В сборник «Польские трупы» включены рассказы 15 авторов, представляющих самые разные литературные традиции и направления. Открывает его прославленный мастер детектива Иоанна Хмелевская, с ней соседствуют известный поэт Мартин Светлицкий, талантливый молодой прозаик Славомир Схуты, критик и публицист Петр Братковский и др.Собранные в «Польских трупах» рассказы чрезвычайно разнообразны. Авторы некоторых со всей серьезностью соблюдают законы жанра, другие избрали ироническую, а то и гротескную манеру повествования.
В космосе, на границе земной империи, невесть откуда появилась морская галера длиной три тысячи километров, золотая до последнего атома, и, ускоряя движение, направилась к Земле. Это встревожило архангелов Благословенных Сонмов…
В книге рассказывается история главного героя, который сталкивается с различными проблемами и препятствиями на протяжении всего своего путешествия. По пути он встречает множество второстепенных персонажей, которые играют важные роли в истории. Благодаря опыту главного героя книга исследует такие темы, как любовь, потеря, надежда и стойкость. По мере того, как главный герой преодолевает свои трудности, он усваивает ценные уроки жизни и растет как личность.

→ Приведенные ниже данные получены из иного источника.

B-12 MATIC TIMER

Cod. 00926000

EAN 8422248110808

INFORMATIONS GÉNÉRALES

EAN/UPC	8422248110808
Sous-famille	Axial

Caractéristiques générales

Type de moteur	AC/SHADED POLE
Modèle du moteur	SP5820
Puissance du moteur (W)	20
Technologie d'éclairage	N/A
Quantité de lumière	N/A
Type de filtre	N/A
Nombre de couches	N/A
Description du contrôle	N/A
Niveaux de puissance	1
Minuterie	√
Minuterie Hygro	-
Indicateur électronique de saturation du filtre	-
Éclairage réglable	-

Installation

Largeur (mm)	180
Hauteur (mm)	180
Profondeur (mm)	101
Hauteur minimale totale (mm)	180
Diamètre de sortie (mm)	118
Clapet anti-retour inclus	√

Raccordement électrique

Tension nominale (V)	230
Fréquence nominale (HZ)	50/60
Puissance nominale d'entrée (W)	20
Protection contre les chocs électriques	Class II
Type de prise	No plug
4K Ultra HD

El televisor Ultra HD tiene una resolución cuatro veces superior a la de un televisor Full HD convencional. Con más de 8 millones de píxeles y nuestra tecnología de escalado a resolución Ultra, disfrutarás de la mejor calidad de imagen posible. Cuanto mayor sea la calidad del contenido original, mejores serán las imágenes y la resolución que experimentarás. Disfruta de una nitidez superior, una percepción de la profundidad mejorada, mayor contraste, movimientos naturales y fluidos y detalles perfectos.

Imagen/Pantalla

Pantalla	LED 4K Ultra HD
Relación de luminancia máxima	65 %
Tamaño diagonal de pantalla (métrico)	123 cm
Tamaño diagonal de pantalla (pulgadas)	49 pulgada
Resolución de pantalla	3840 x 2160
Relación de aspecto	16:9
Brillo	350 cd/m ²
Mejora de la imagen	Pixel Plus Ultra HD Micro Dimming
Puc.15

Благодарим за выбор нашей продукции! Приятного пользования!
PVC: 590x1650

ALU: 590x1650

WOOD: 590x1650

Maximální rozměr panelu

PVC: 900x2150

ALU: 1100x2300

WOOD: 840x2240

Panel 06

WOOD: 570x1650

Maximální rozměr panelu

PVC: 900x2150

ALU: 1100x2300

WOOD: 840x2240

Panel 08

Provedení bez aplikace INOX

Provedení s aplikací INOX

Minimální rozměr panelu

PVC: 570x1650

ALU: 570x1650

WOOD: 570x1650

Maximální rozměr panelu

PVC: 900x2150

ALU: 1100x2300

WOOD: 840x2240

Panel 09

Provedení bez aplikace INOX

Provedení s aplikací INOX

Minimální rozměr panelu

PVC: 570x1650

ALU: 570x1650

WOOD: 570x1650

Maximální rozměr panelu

Значительная часть современного американского юмора берет свое начало в еврейской культуре. Еврейский юмор, в свою очередь, оказался превосходным зеркалом общества благодаря неповторимому сочетанию языка, стиля, карикатурности и глубокой отчужденности.Вот вам милая еврейская супружеская пара, и у них есть дочь — дочь, которая вышла замуж за марсианина. Трудно найти большего гоя, чем он, не так ли?Или все-таки не так?Дж. Данн, составитель сборника Дибук с Мазлтов-IV. Американская еврейская фантастика.

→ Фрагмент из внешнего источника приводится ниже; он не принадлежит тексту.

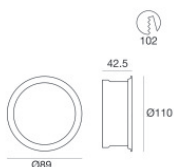

Downlights | 1 arrayLED 15 W DC 400 mA
80599W30

Dati tecnici	
Tipologia	Semi incassato
Posizione installativa	Soffitto
Ambiente installativo	Indoor
Classe di isolamento	3
IP	IP44
IP vano ottico	IP65
Prova del filo incandescente	850°
Montaggio diretto su superfici normalmente infiammabili	Si
CE	Si
Driver incluso	No
Articolo dimmerabile	DALI - 1-10V
Orientabilità	No
Basculante	No
Calpestabilità	No
Carrabilità	No
Cavo incluso	Si
Lunghezza del cavo	0.300 m
Resinatura	No
Tipologia di emissione luminosa	Singola emissione
Peso netto	0.511 Kg
Protezione scariche elettrostatiche	No
Protezione surge	No
Tecnologia ottica	F.O.L.

Finitura Finitura radiatore

Materiale	Alluminio Pressofuso EN AB - 46100
Colore	Alluminio Burattato
Lavorazione	Burattatura

Elettronica

Cavi Elettrificazione

Connettore cavo	Male Easy plug
IP (locked condition)	66

Epitax | Downlights | Accessories
80599W30

**Controcassa**

posizione installativa: soffitto; tipo installazione: cartongesso L=105mm, H=81mm, D=105mm.
Materiale:ABS + fibra vetro 15%, colore:Bianco , lavorazione:grezzo.

Code98500**Controcassa**

posizione installativa: soffitto; tipo installazione: cartongesso L=110mm, H=42.5mm, D=110mm.
Materiale:alluminio, colore:Bianco RAL 9003, lavorazione:verniciatura.

Code98536
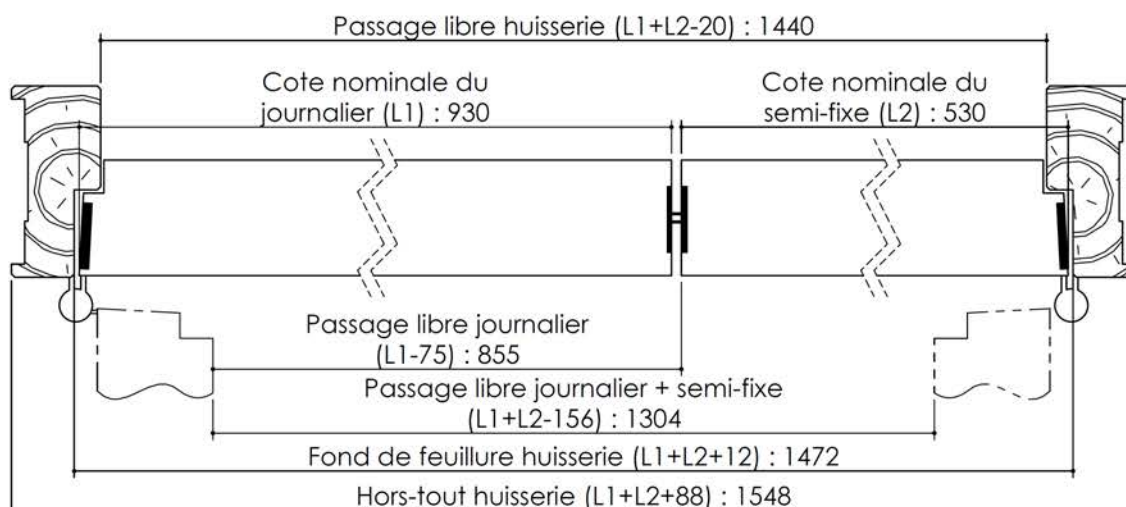

Plan PB-240-1V _ Ind4 : Huisserie bois CF70 - Sans point de fermeture

Gamme Porte feu EI60

Variante de mise en œuvre	Plans non-iso
Bâti bois à sceller	PB-221
Huisserie bois à sceller	PB-223
Bâti bois pose tableau	PB-226
Huisserie bois cloison plaque de plâtre	PB-227

KEYOR

PB-240-1V 01/07/2019

Plan non contractuel, Keyor se réserve le droit de modifier ce plan pour des raisons industrielles

Plan PB-240-2V _ Ind4 : Huisserie bois CF70 - Sans point de fermeture

Gamme Porte feu EI60

Variante de mise en œuvre	Plans non-iso
Bâti bois à sceller	PB-221
Huisserie bois à sceller	PB-223
Bâti bois pose tableau	PB-226
Huisserie bois cloison plaque de plâtre	PB-227

PB-240-2V 01/07/2019

Plan non contractuel, Keyor se réserve le droit de modifier ce plan pour des raisons industrielles
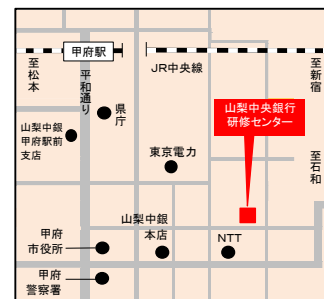

↓↓お申込みフォームはこちら↓↓

お申込み方法

お問い合わせ・お申込みについては、電話もしくはメールにて承ります。

電話: 070-7373-3087 (受付時間: 平日9:00~17:00)

メール: shiryoukan@yamanashibank.co.jp

※メールでお申し込みの場合は、参加する保護者様のお名前とご連絡先

参加人数をご記入ください。

В книге рассказывается история главного героя, который сталкивается с различными проблемами и препятствиями на протяжении всего своего путешествия. По пути он встречает множество второстепенных персонажей, которые играют важные роли в истории. Благодаря опыту главного героя книга исследует такие темы, как любовь, потеря, надежда и стойкость. По мере того, как главный герой преодолевает свои трудности, он усваивает ценные уроки жизни и растет как личность.
В книге рассказывается история главного героя, который сталкивается с различными проблемами и препятствиями на протяжении всего своего путешествия. По пути он встречает множество второстепенных персонажей, которые играют важные роли в истории. Благодаря опыту главного героя книга исследует такие темы, как любовь, потеря, надежда и стойкость. По мере того, как главный герой преодолевает свои трудности, он усваивает ценные уроки жизни и растет как личность.
Потомки атлантов живут среди людей. Они владеют мощным биологическим оружием и секретами бессмертия. Но один из них ради спасения любимой нарушил свой долг перед древней Коллегией. Теперь за ним охотятся не только его соплеменники, но и спецслужбы сильнейших держав мира. Передовые военные технологии — против биологического оружия древности. Тысячелетняя мудрость атлантов — против отлично обученных профессионалов незримой войны. Победитель получит власть над миром и личное бессмертие. Волей случая в эту незримую войну оказываются втянутыми двое подростков: брат и сестра из российской глубинки.
В очередной том собрания сочинений Андрэ Нортон включены совершенно не типичные для творчества писательницы романы. Но приключения молодых героев, разворачивающиеся в вымышленной стране и на придуманном острове, не менее увлекательны, чем события большинства ее фантастических произведений.